My Father and Yours: Ascension Day 2018
When Mary Magdalene met the resurrected Jesus, he told her not to touch him. He still had a journey to make, he said: ‘I am ascending to my father and your father, to my God and your God.’ Today we celebrate the moment when Christ fulfilled that prophecy and rose to join his God, who is therefore also yours and mine.
Jesus addressed this God of his and ours with the Aramaic term of endearment, Abba — father. We are inured to the embarrassing degree of affection expressed in such a name. But to Jesus’ contemporaries the thought of calling God ‘daddy’ was appalling. Ancient Israel’s priests believed their deity was untouchably exalted and would never stoop to such familiarities. For Jesus to suggest otherwise was worse than shocking: it was sacrilege. It is one of the reasons why they had him executed.

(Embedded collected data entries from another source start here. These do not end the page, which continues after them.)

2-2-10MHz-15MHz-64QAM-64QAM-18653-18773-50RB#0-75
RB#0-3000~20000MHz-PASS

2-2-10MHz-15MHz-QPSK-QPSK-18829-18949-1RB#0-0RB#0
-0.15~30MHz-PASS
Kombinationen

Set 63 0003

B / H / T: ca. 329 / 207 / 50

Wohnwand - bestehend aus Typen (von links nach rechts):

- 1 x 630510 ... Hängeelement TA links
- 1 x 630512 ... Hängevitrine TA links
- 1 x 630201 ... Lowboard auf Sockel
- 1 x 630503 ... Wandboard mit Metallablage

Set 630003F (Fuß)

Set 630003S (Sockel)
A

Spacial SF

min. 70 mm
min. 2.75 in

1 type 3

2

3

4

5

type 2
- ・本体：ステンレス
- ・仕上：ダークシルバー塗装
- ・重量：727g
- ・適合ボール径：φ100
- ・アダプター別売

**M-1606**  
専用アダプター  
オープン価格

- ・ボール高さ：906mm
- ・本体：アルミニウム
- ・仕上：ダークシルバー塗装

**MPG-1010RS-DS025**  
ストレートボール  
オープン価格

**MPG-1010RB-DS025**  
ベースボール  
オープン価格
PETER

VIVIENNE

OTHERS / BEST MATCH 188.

Jesus’ ascension secures for us a tender human companionship with God which remains every bit as gallingly provocative as it was when Christ first claimed it. If you think calling yourself God’s son or daughter isn’t enough to get you killed in today’s civilised world, that is a comfortable illusion secured for you by the relative safety of life in the modern West. There are radical Islamist regimes in which it is a crime to proclaim that the Almighty has children of any kind, let alone human ones. ISIS has murdered plenty of our brothers and sisters in the Middle East for standing by that very belief. Many of them died with these words on their lips: ‘our Father, who art in heaven . . .’
It is no accident that when Jesus faced down his deepest agony, when he sweated blood in Gethsemane and begged God for a way out of his grisly death, the name he used was Abba, father. Nothing could have seen him through that moment other than the insane conviction that though on Earth he looked like a powerless slave, in Heaven and in reality he was the cherished son of the Most High. He held to that conviction in the teeth of his suffering and proved the truth of it in his resurrection. That is why we can rejoice and insist that he is at God’s side to this day, interceding on our behalf.

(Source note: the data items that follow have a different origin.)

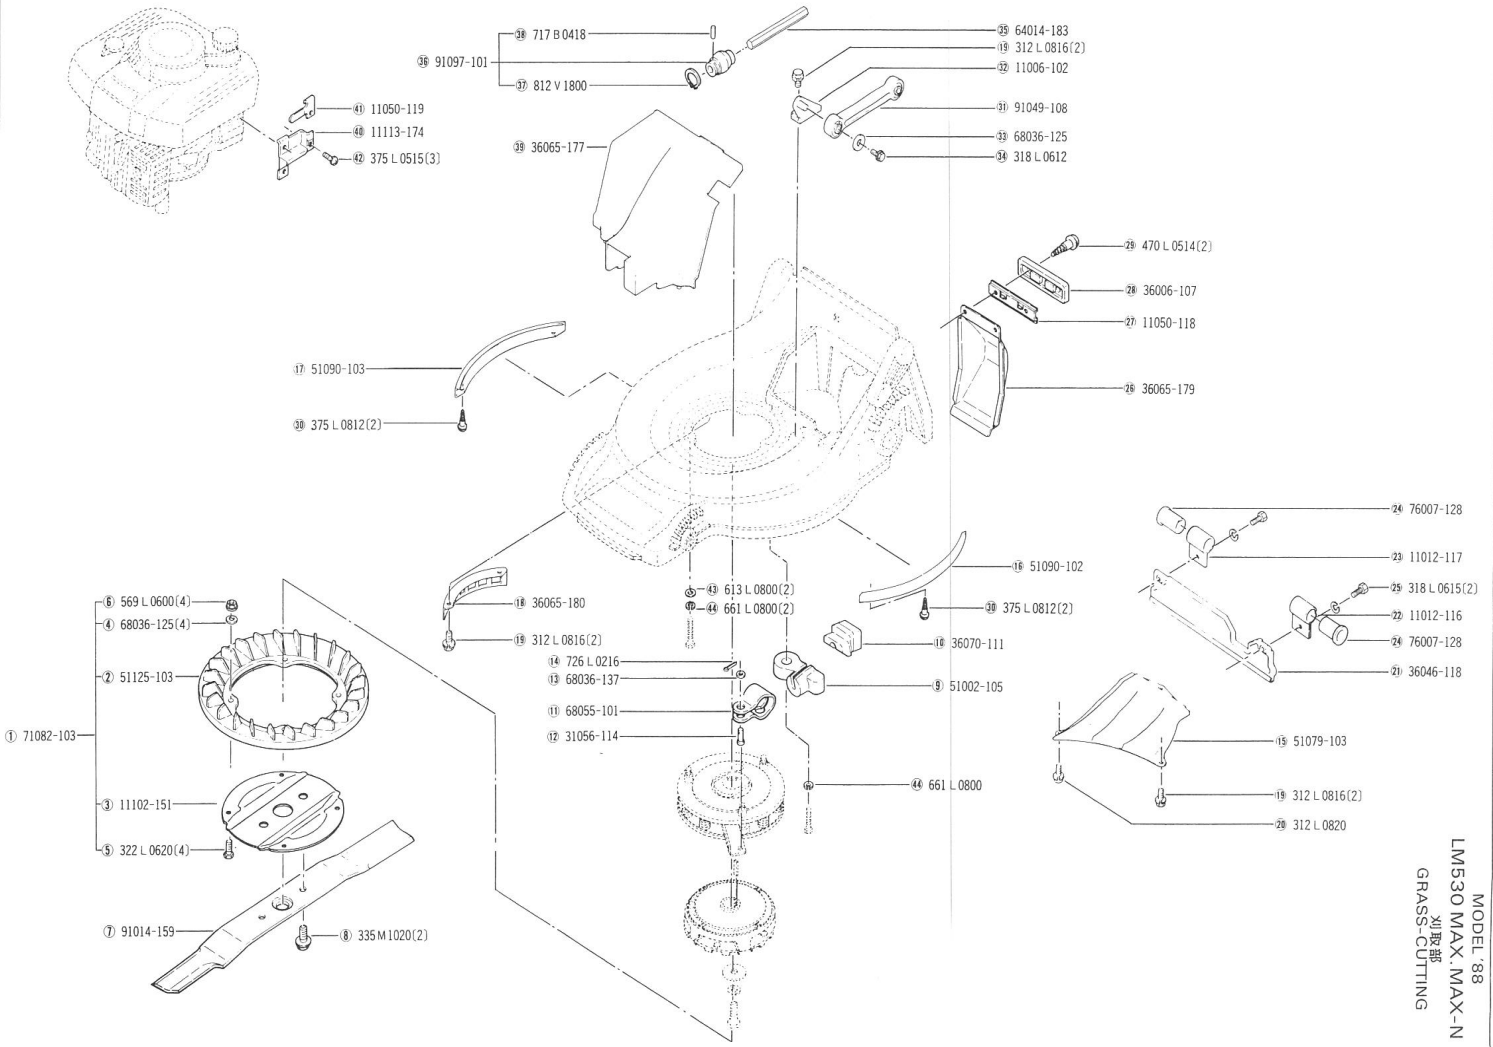

MODEL : 88
LM530 MAX. MAS
走行部
WHEEL

MODEL '88
LM530 MAX-N
走行部
WHEEL

MODEL 88
 LM530 MAX. MAX-N
 刈草部
 GRASS-CUTTING

MODEL 88
LM530 MAS
刈草部
GRASS-CUTTING

MODEL 88
LMS30 MAX-MAX-N
ハンドル
HANDLE

MODEL 88
 LMS30 MAS
 ハンドル部
 HANDLE

① 71008-203(GEAR CASE ASS'Y)

MODEL 88
LM530 MAX. MAX-N.MAS
ギヤケース
GEAR CASE

Christ does not offer us some comfortable acquaintance dwelling in an inoffensive heaven. He offers us nothing less than a father, knowing from experience that nothing less can sustain us in our hour of need. We will not all be martyred; I hope to God none of us will. But we will all face rejection, grieve loss, see disease and feel fear. Every one of us will die. There are only two possible responses to such prospects and one of them is despair. The other is that defiant hope which cries out in unison with Jesus: Abba, father, spare me from death.

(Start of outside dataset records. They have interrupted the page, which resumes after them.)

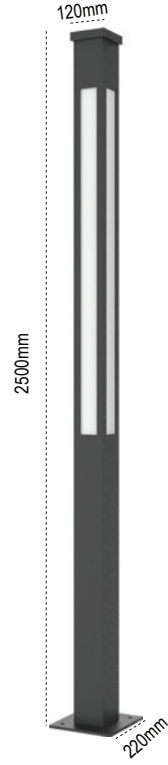

Pelsan Park Bahçe Aydınlatma Armatürleri

Luzon

IP 54 ⊕

Kod No	Özellikler	Koli Adedi	Fiyat
109736	40W 4000K	1	586,75 \$

Alinda

IP 54 ⊕

Kod No	Özellikler	Koli Adedi	Fiyat
107467	35W LED 4000K	1	362,25 \$

Milas
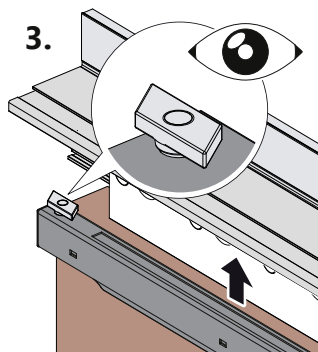

## PAIGALDUSJUHEND

Alumiinium esipaneeliga lükandsüsteem  
Soft Close mehhanism  
puidust lükandustele kuni 80kg

2

Alternatiiv: paigaldamine altpool

1.

2.

3.

4.
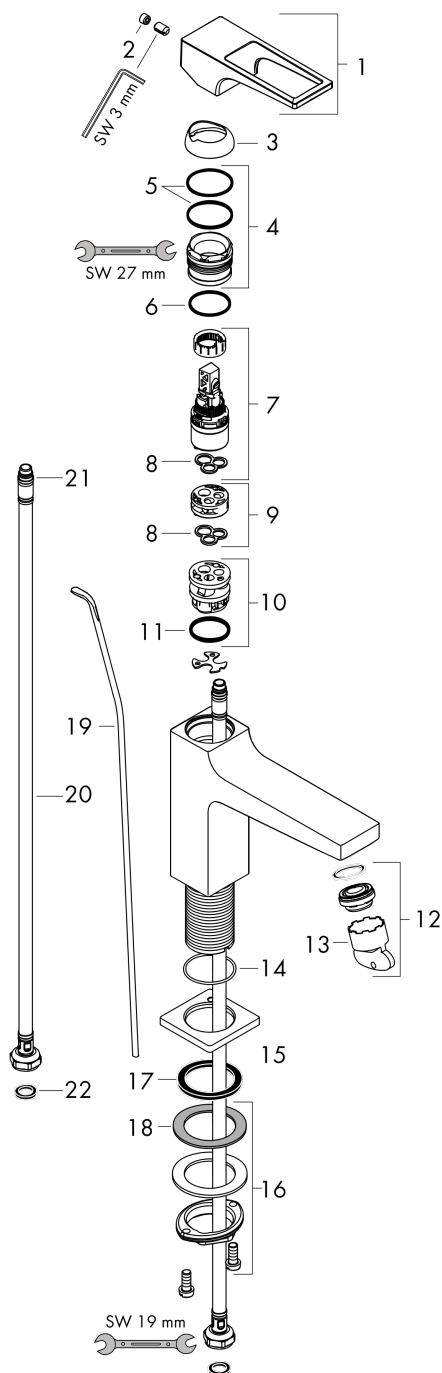

### Чертеж

### График расхода воды

**Metropol**

Смеситель для раковины 110, однорычажный, с ручкой-петлей, со сливным гарнитуром

Поверхности : **хром**    Артикульный номер: **74506000**

**Покомпонентное изображение**

Год выпуска: >10/16

**Metropol****Смеситель для раковины 110, однорычажный, с рукояткой-петлей, со сливным гарнитуром**Поверхности : **хром** Артикульный номер: **74506000****Перечень запасных частей**

Год выпуска: &gt;10/16

Позиция	Описание	Артикульный номер	PC	PU
1	handle	93009000	-	1
2	screw cover	95704000	-	1
3	flange	92625000	-	1
4	nut	92689000	-	1
5	O-ring 27x1,5	92527000	-	1
6	O-ring 25x1,5	98146000	-	1
7	cartridge, assy	97685000	-	1
8	seal	98865000	-	1
9	adapter for cartridge	92628000	-	1
10	adapter for cartridge	98866000	-	1
11	O-ring 23x2	98398000	-	1
12	aerator M24x1 (5 l/min)	92996000	-	1
13	service tool	95661000	-	1
14	O-ring 32x1,5	92936000	-	1
15	escutcheon	93048000	-	1
16	fixing set (Ø 32)	13961000	-	1
17	flat seal	98749000	-	1
18	lever collar	97548000	-	1
19	pull rod	96657000	-	1
20	connection hose 600 mm M8x0,75 G3/8	96556000	-	1
21	O-ring 6,6x1,6	93019000	-	1
22	sealing set	95581000	-	1
a	pop up waste	94139000	-	1
b	fixation extension 35 mm	13898000	-	1

God did not spare Jesus. He will not spare us either. But whenever the anguish of that realisation draws from us a desperate plea for help, then we enter with Christ into the raw and honest intimacy which dares to call on God as father. Jesus’ darkest moment was also the occasion for him to solicit God’s deepest love, and that love will ultimately triumph over any horror that might cause us to invoke it — even over the horror of death. On Easter Sunday Christ walks ahead of us out of the tomb; today he ascends before us to the God whom he calls ‘Father.’ He wins for us the right to do the same.